--- PROVIDED INFORMATION Enclosed Below ---
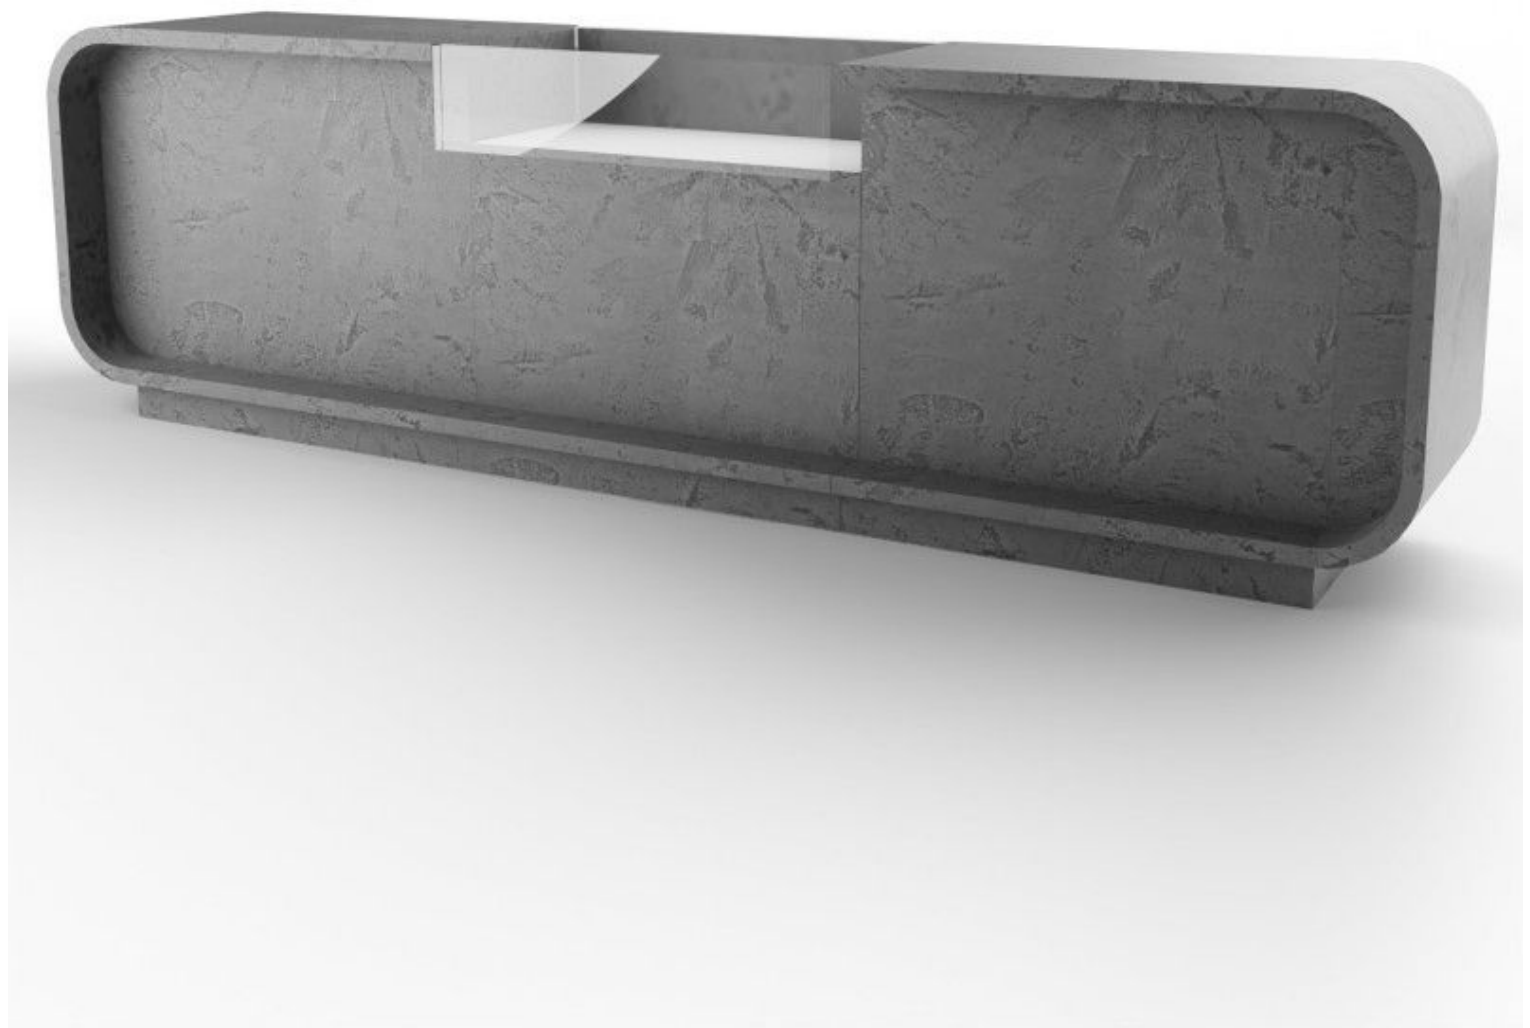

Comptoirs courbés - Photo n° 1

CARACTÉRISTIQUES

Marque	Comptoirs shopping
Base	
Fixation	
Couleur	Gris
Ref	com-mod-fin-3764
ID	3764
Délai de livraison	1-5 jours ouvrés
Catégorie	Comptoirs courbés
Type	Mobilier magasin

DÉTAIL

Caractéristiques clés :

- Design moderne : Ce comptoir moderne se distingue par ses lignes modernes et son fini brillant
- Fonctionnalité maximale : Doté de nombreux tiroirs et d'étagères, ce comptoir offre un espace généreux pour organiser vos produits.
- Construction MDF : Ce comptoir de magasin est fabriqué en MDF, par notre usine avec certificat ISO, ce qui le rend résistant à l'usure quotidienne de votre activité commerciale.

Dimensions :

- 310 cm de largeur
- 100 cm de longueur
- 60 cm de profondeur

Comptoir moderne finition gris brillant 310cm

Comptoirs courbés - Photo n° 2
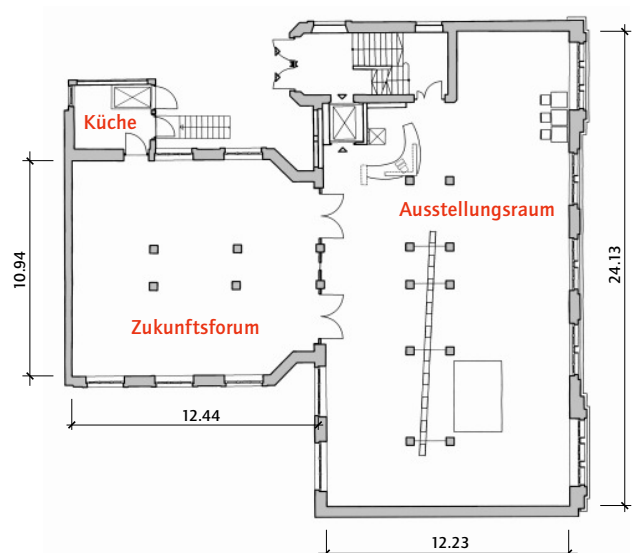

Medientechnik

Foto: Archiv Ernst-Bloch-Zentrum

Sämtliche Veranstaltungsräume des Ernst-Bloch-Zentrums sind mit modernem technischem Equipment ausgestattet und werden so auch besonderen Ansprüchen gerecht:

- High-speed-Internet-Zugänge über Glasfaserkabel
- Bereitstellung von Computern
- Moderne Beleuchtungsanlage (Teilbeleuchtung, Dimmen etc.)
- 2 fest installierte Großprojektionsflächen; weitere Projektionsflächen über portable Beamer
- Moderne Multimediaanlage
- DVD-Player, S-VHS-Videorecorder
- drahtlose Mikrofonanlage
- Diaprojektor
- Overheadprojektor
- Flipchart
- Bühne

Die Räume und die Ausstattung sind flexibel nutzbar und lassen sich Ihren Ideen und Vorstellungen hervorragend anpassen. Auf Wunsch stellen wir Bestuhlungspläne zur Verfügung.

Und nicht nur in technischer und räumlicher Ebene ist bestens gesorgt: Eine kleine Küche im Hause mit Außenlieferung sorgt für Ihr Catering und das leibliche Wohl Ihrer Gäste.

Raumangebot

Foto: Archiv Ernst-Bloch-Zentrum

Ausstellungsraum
--- End of Enclosed PROVIDED INFORMATION ---
» PROBLEM TO WORK ON:
Where the line holding "- Diaprojektor" appears in the listing above, start reproducing exactly, and end with the line holding "Die Räume und".

» SOLUTION FOR THIS TASK:
- Diaprojektor
- Overheadprojektor
- Flipchart
- Bühne

Die Räume und die Ausstattung sind flexibel nutzbar und lassen sich Ihren Ideen und Vorstellungen hervorragend anpassen. Auf Wunsch stellen wir Bestuhlungspläne zur Verfügung.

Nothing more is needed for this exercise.